Игорь рассказывал мне о том времени, когда меня еще не было, а он уже был и даже осознавал себя в полной мере. Я слушал его и доверял его чувствам, его ощущениям. Если бы это же написали в учебниках, то я бы даже не раскрыл их. Я знаю нашу наиновейшую, наиближайшую историю посредством его ощущений, его памяти, его опыта. Я осознал свое родство с прошедшим временем, благодаря ему.
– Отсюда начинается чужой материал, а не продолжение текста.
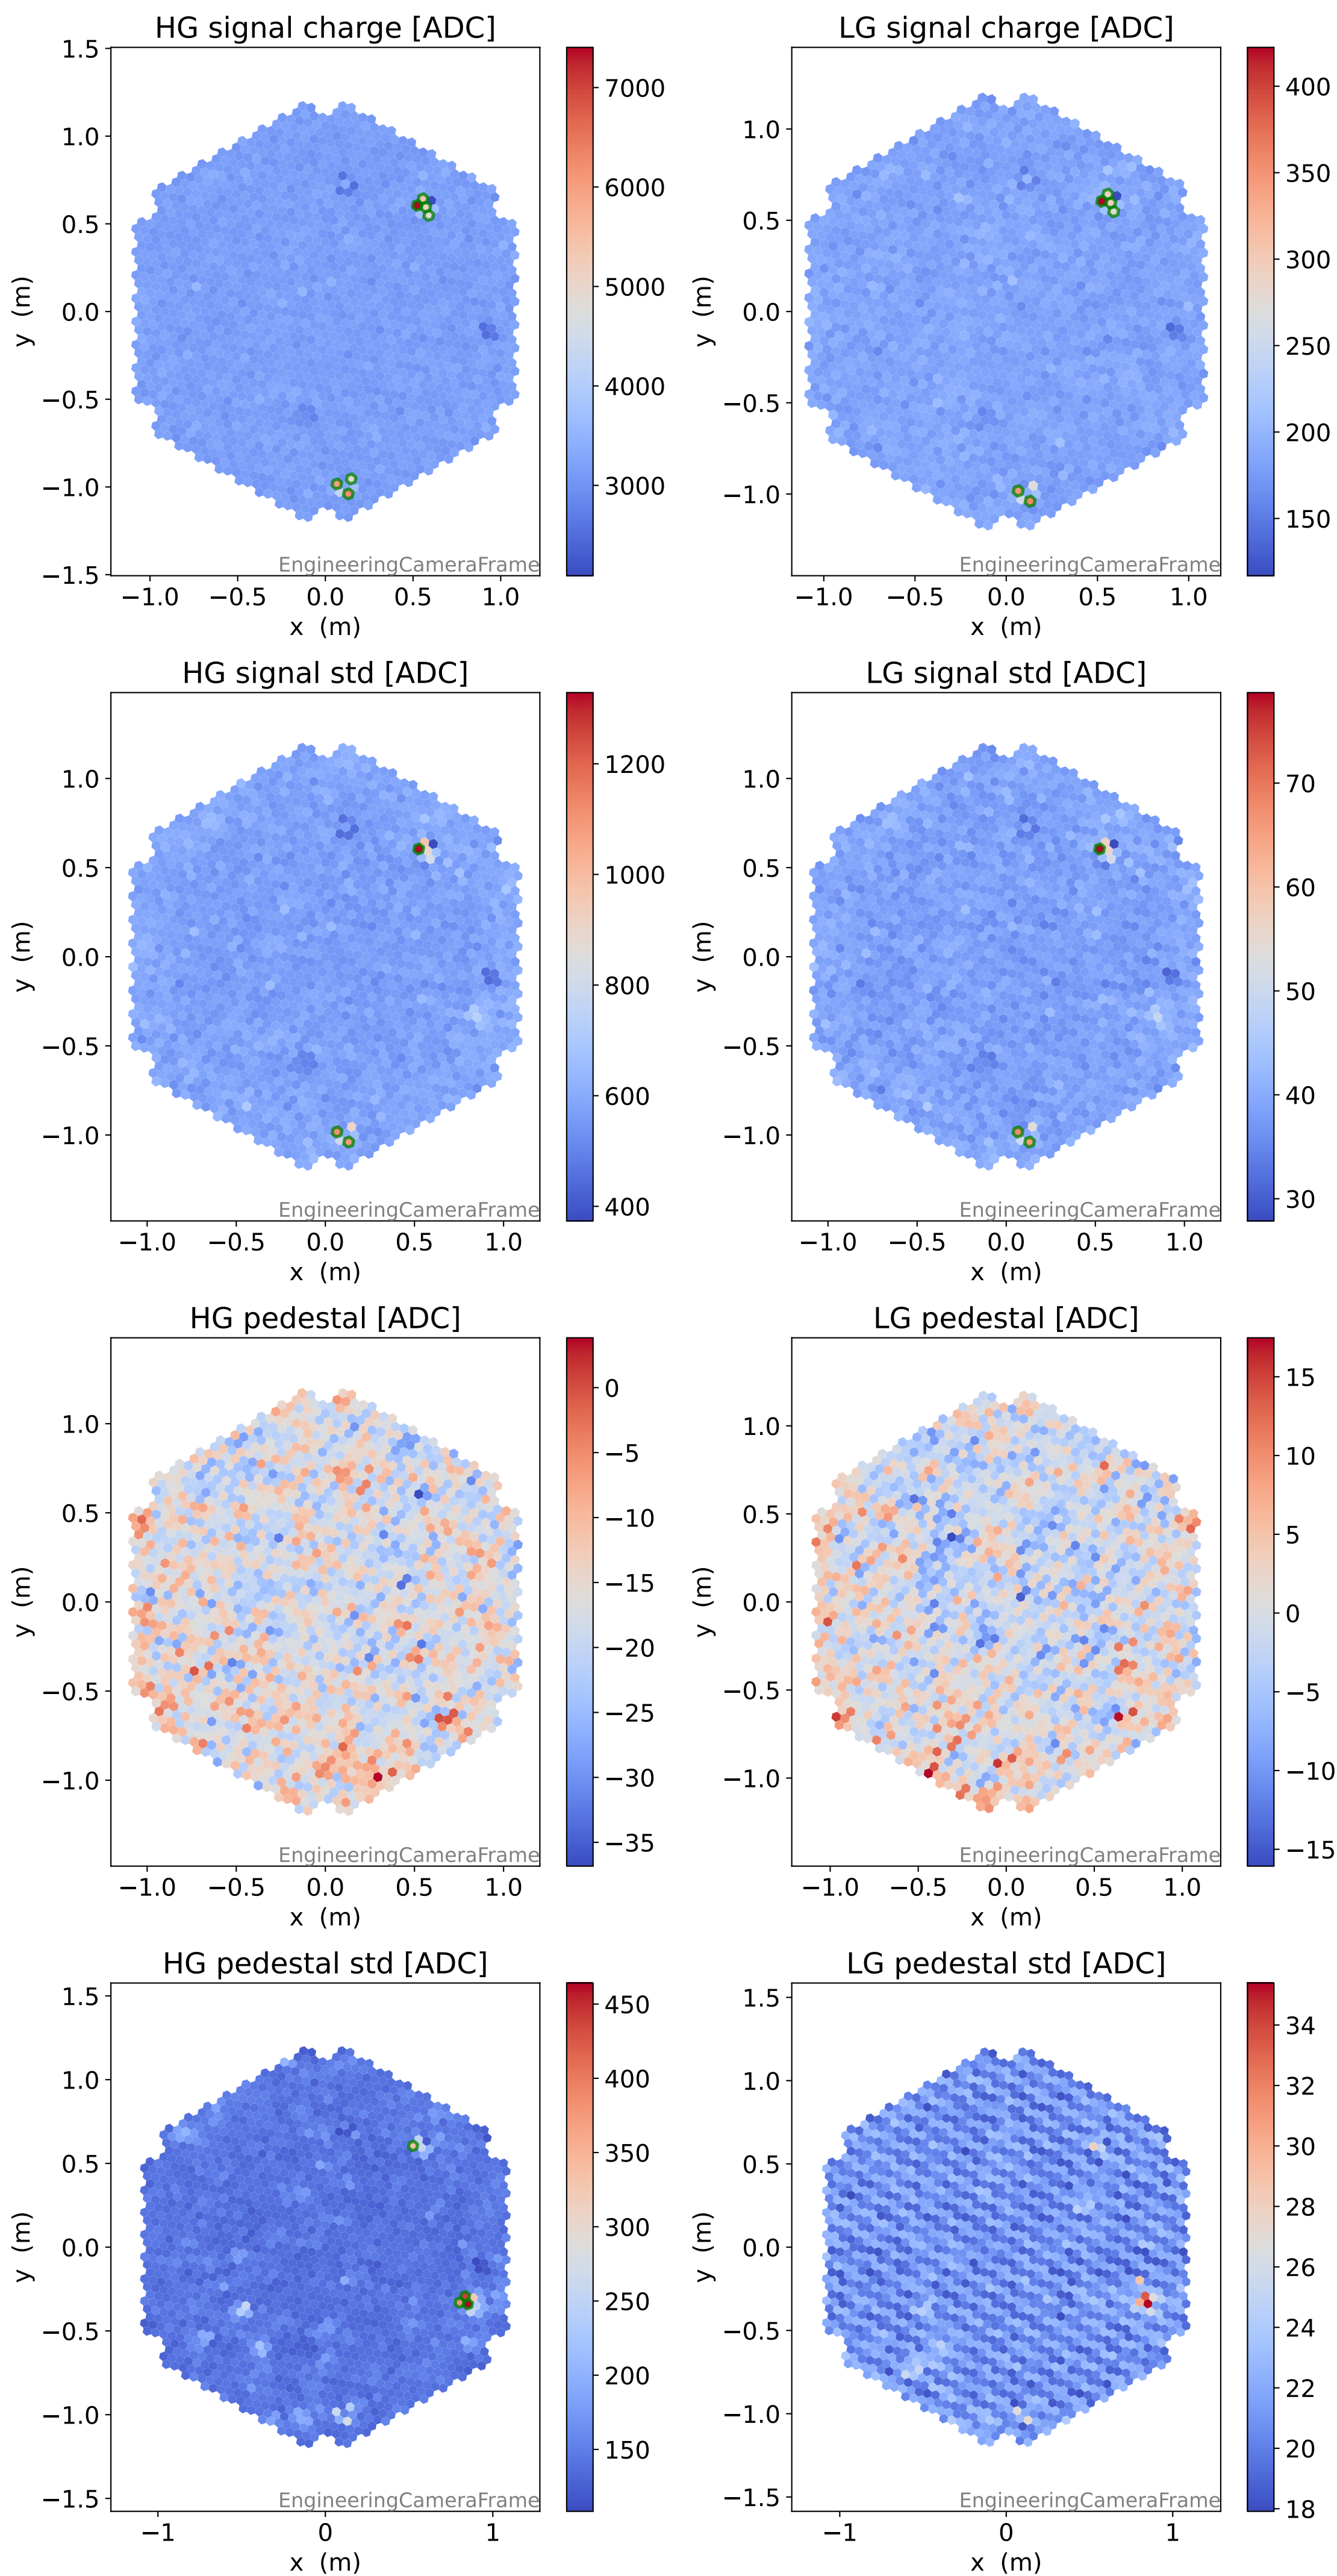

Run 6113

Run 6113

Run 6113 channel: HG

FF sample of 10000 events

pedestal sample of 10000 events

flat-fielded gain [ADC/pe]

Run 6113 channel: LG

FF sample of 10000 events

pedestal sample of 10000 events

flat-fielded gain [ADC/pe]
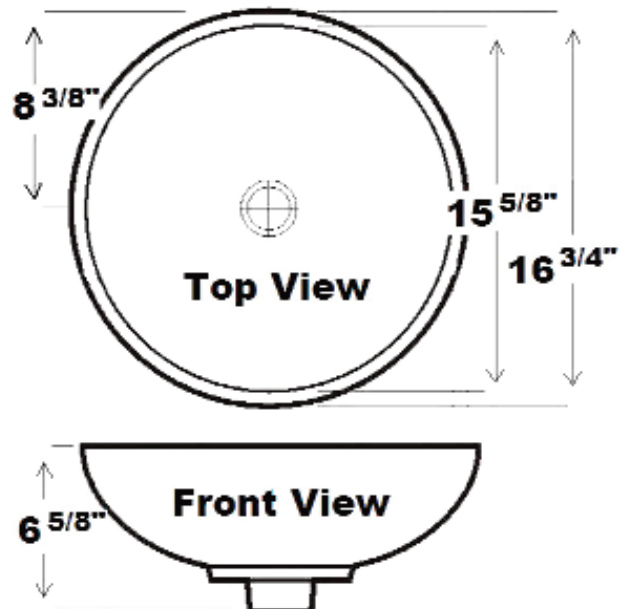

DIANA BASIN

Cat. No.
4-463

Features:

- ▶ Above counter basin
- ▶ Fine Fire Clay for durability
- ▶ Chip and stain resistant
- ▶ Available in an array of fashionable colors
- ▶ Two-tones have white exterior with color interior
- ▶ Contemporary style
- ▶ No overflow

Colors:

WH White
BQ Bisque
BL Black
PG Pastel Green inside

Meets or exceeds the following
specifications: ASME 12.19.9M
for fire clay fixtures.

Basin Diameter: 16 3/4"
Base Diameter: 5 7/8"
Above Counter Height: 5"
Flange: 3" round x 1" deep

***Please do NOT drill hole without
template or actual product.**

Interior Dimensions:

Basin Interior: 15 5/8" diameter
Basin Depth: 4 7/8"

Dimensions of fixture are nominal and may vary within the range of tolerances established by AMSE Standard A112.19.9. Dimensions and specifications subject to change without notice.
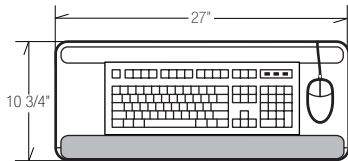

M4400X-33

M6402 Keyboard Platform (Blk)
(Included) Mouse Platform
M6288 Palm Rest (Blk)
23" Track Length
$381 Price
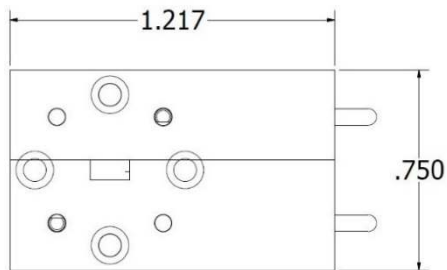

Model: YC148-61

| Specifications | |
|--------------------------|-------|
| Flange | WR-15 |
| Frequency (GHz) | 58-64 |
| Insertion Loss (dB, typ) | 0.4 |
| Insertion Loss (dB, max) | 0.6 |
| Isolation (dB, min) | 20 |
| VSWR (max) | 1.3:1 |

Он писал книги… он писал себя самого, как художник пишет автопортрет, и о своем времени, как это делает дотошный историк, но это было и обо мне, причем, куда более искренне, чем если бы я сам вдруг решился поведать что-то. Он был моим слухом, моими глазами, моим обонянием, и даже моей памятью. И вот всё это в одночасье отключилось. Разом! Может ли существовать жизнь без органов чувств, без прошлого, без настоящего? Разве возможно будущее без всего этого?

Вот уже неделю я не появляюсь на репетициях. Мне звонят, но я не слышу, меня теребят, но я не чувствую, мне что-то пытаются показать, но я не вижу.

На похоронах было много людей. Я смотрел на них и думал, что с большинством из них Игорь не выпил бы и чашки чая. Он беззащитен теперь – всякий может прийти и, невзирая на те мерзости, которые творил против него при жизни, оскорбить память о нем своим присутствием. Это еще куда более тяжкий проступок, чем плюнуть живому в лицо. Потому что мертвый беззащитен, потому что мертвый молчалив. Это – безнаказанный, прикрытый маской соболезнования цинизм.

Кто-то скажет, что у Игоря не было врагов, не было даже недоброжелателей. Но это ложь! У него не могло не быть врагов, потому что у него была своя непоколебимая нравственная позиция, а она своего рода крепость на границе его жизни. Крепость не строится случайно – слишком дорогое сооружение. Крепость возводится лишь тогда, когда виден враг на подступах к твоим территориям. Значит, был враг!

Я убежден, хороший полководец лишь тот, кто оставляет свои качества воина напоследок, лишь после того, как качества дипломата уже исчерпаны. Но Игорь Волей был неисчерпаем как дипломат, и потому железа? полководца у него почти атрофировалась.